Mazher Mahmood, Murdoch, and the NCA

Translations:

‘Why don’t the police chase proper criminals instead?’

‘They should be out catching paedos and looking at dodgy blue chip firms not journalists just doing their job’

Paraphrasing an often heard criticism, the view is that police priorities are all skewed.

And they’ve got a good point.

There are honourable examples of tabloid law-and-order campaigns, and there are more questionable examples too.  The methods of Mazher Mahmood are currently under scrutiny, with a large magnifying glass being run across his back catalogue of exposés.  His methods are in question, as are his close working liaison with law enforcement agencies.

The modus operandi follows a repeating pattern.  Following weeks (sometimes months) of preparation and investigation by Mahmood and his team, law enforcement are contacted and a deal struck.

A meeting is arranged in which the plans for the sting are communicated to police officers.  Crucially, on Editor’s instructions, Mahmood deliberately witholds the target’s name and other key details.  This is to protect the title’s investment in getting its exclusive splash.  Presented as a mutual opportunity for positive and high profile publicity, police support is enlisted.  On the eve of the sting, police are informed.  Police raids, arrests, and sometimes firearms officers are marshalled and deployed – at a place and time of the newspaper’s choosing.  Its splash is secured in the furtherance of law and order.  This MO has been used in celebrity stings, kidnap plots and sports gambling scams.  (Chapter 8 – Confessions of a Fake Sheik)

The News of the World (NOTW) frequently benefitted in this way from Mahmood’s close collaboration with the Metropolitan Police Service (MPS) and other forces – despite the convictions of Clive Goodman and Glenn Mulcaire for phone hacking in 2006-7.  When NOTW closed in July 2011, Mahmood briefly switched to working for The Times, then returned to business as usual for NOTW’s replacement – the Sun on Sunday.

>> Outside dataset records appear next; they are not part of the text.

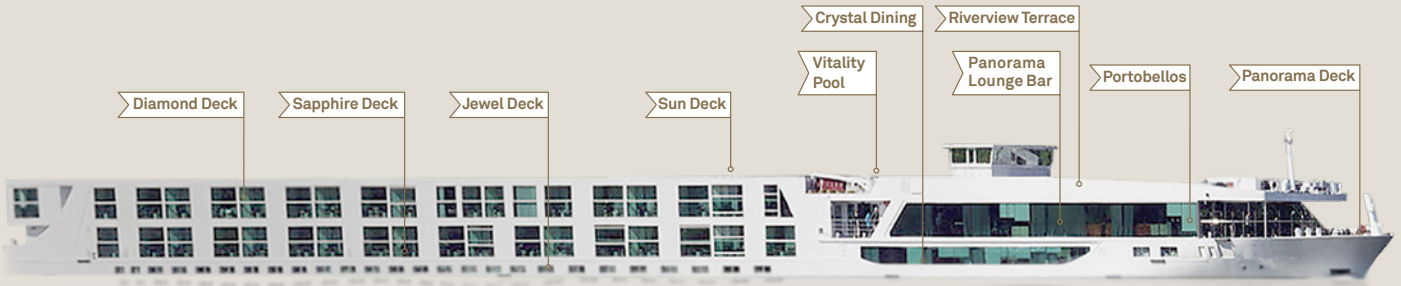

Scenic Jasper, Opal & Amber

Rebuilt 2019 | Built 2015/2016 | Length 135 metres (443 feet) | Passengers 165 | Cabins 83 | Crew 55 | Gross tonnage 2,721

Sun Deck

Diamond Deck

Sapphire Deck

Jewel Deck

Deck Plan

- 1 Riverview Terrace
- 2 Wheelhouse
- 3 Sun Deck
- 4 Walking Track
- 5 Panorama Deck
- 6 Portobellos Restaurant
- 7 River Café
- 8 Lounge & Bar
- 9 Gift Shop
- 10 Reception
- 11 Elevator
- 12 Crystal Dining
- 13 Table La Rive
- 14 Galley
- 15 Wellness Area
- 16 Fitness Centre
- 17 Vitality Pool
- 18 Salt Therapy Lounge

Suite Categories

Diamond Deck		Sapphire Deck	
RP	Royal Panorama Suite	C	Balcony Suite
A	Balcony Suite	BA	Balcony Suite
PA	Balcony Suite	BS	Single Balcony Suite
PP	Balcony Suite	BB	Balcony Suite
PD	Deluxe Balcony Suite	BD	Deluxe Balcony Suite
RR	Royal Balcony Suite	BJ	Junior Balcony Suite
RO	Royal Owner's Suite	B1J	Junior Balcony Suite
RJ	Junior Balcony Suite	Jewel Deck	
		E	Standard Suite
		D	Standard Suite

It seems the Mahmood investigative team then aimed higher than provincial forces or the MPS in pursuit of exclusives, setting their sights on the National Crime Agency (NCA).  Successor to SOCA (Serious and Organised Crime Agency), the NCA has been called the ‘British FBI’.

In Autumn 2013, Mahmood secured the support of the NCA for a football match fixing sting.  When the Sun on Sunday were ready, the NCA coordinated dawn raids on their targets the same morning as the SoS exclusive was published. Six were arrested, followed later by a further seven. (here)

On the face of it, the timing of the arrests indicates the NCA raids were prompted solely on material provided by Mahmood.  Unless of course the NCA had independently obtained their own evidence to verify the Sun on Sunday evidence.  If that is the case, Mahmood would have to have given the NCA his targets’ identities in advance – not his usual MO.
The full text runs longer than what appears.